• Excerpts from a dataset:
::::::

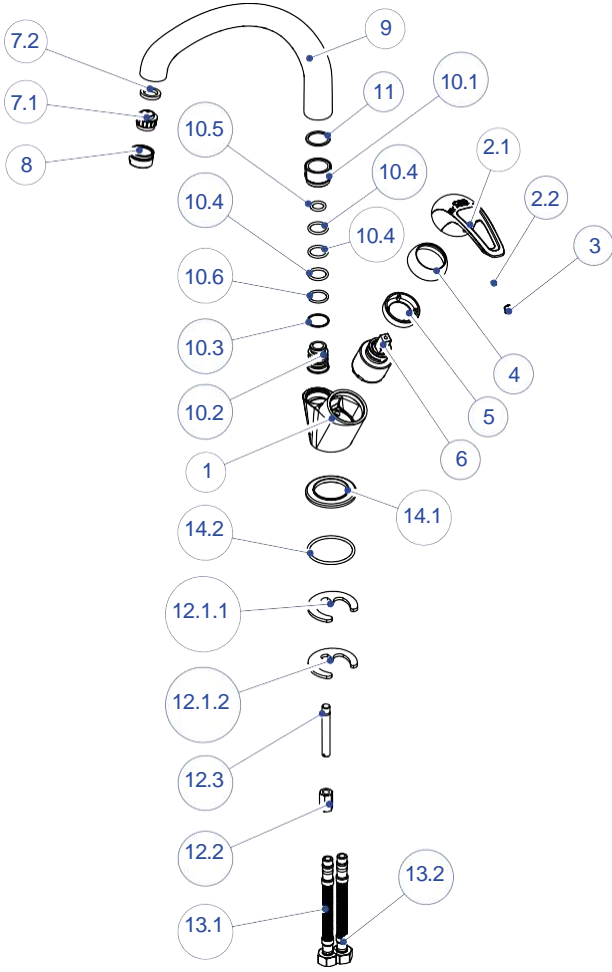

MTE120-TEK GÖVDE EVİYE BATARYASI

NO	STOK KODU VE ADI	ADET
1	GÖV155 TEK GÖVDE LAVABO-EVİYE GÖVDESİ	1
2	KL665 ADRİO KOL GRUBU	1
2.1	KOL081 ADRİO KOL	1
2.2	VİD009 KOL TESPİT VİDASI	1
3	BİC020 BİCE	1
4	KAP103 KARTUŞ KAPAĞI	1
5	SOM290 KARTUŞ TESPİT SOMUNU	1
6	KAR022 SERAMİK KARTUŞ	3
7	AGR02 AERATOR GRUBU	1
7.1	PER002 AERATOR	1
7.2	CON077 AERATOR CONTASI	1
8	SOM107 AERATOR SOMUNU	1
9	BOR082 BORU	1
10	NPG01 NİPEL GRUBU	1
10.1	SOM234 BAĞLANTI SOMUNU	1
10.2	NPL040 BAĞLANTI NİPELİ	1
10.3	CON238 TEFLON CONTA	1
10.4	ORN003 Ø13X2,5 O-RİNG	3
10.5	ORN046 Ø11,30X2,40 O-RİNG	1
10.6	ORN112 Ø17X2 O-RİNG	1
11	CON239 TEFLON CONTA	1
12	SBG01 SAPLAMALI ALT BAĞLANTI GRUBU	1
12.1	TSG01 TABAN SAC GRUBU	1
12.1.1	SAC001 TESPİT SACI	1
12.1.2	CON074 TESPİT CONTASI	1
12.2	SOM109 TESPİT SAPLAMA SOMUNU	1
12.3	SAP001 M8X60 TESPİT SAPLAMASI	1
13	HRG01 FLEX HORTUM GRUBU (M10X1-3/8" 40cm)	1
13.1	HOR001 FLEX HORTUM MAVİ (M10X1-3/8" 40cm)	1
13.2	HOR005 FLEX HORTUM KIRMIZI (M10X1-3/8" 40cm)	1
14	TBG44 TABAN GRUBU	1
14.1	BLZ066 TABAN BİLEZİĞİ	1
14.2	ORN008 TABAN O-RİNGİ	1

::::::

• PROBLEM DESCRIPTION: How many of the lines above hold the word "KARTUŞ"? Give only that number.

• ANSWER TO THIS TASK: 3